Rodor broke in. "We have become clever with the corpses as well. We make them look like accidents."
"Then you are using the Norman's own tactics against them," replied Hereward. "A lot of English sons-and-heirs died last year from accidents. Usually a fall from a horse."
"Ya, us too. We use lines, or slings, or traps to bring down the horse," Rodor explained. "The rider is hurt or at least stunned from the fall, and we finish him with a rock. We don't want to leave the marks of weapons or arrows. If the body is punctured with an arrow you can still make it look accidental, but a slash is hard to hide. Last month we covered an arrow wound by pushing the man onto the rack of a dead buck. A waste of good meat, but a killing would have cost us a village."
"Your attacks have no honour. I could not fight that way. I fight face to face, man on man." Edwin created a stony silence with his comment
It was embarrassing. Rodor finally said, "We fight like Normans.
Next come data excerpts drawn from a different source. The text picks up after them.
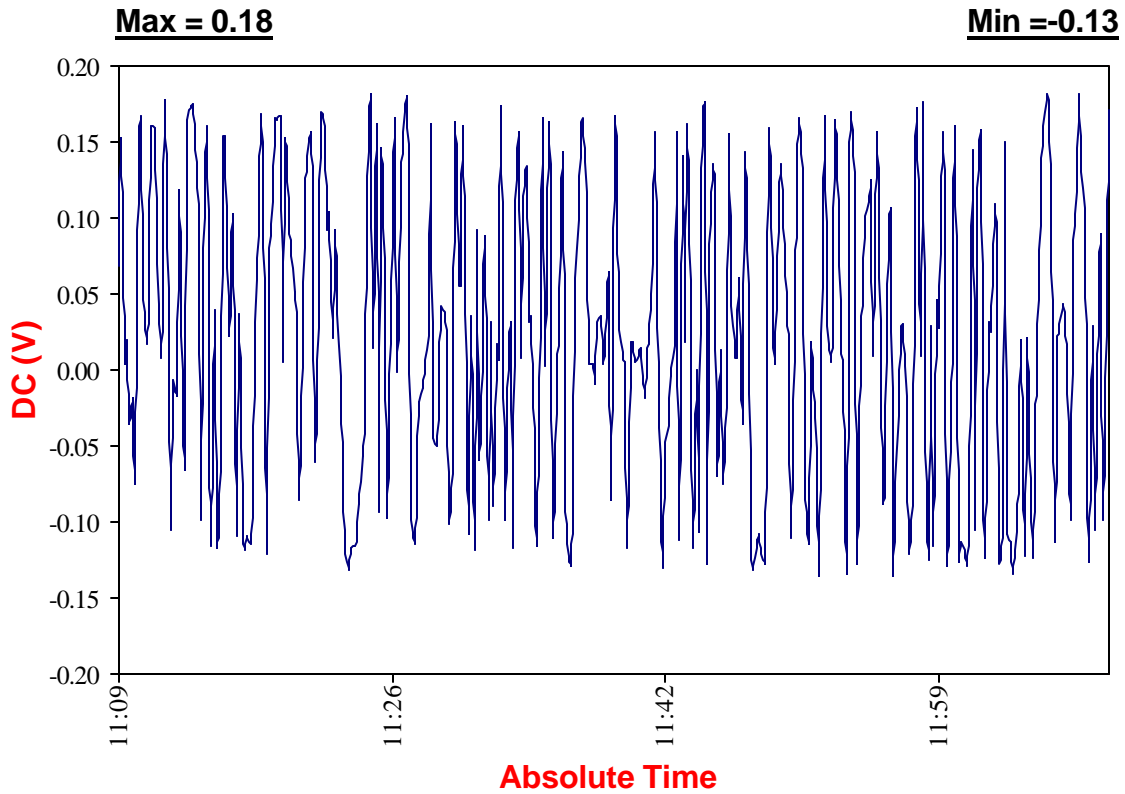

# DC Potential vs. Time

## 512 Site #1

Site #:	512-1
Approx. Station #:	(10+00)
Date:	1/4/2005
Time:	11:09:25
Maximum (V):	0.18
Minimum (V):	-0.13
Potential Shifts (V):	0.31
GPS Location:	N 39°09.671' W 76°46.620'

Comments:  
Near the State Penitentiary, facing East

We will use every dirty trick to win, just as they do. It was forced on us, and we force it back onto them." Everyone save Edwin mumbled support for what Rodor had said, even Morcar.
"Edwin," said Morcar, "you have been blinded by the Norman culture of chivalry. Their chivalry is only extended to other Norman lords and knights. To all others, the Danes, the English, the Bretons, the Welsh, the Mussulmans, they offer only slaughter and pillage, slavery and rape."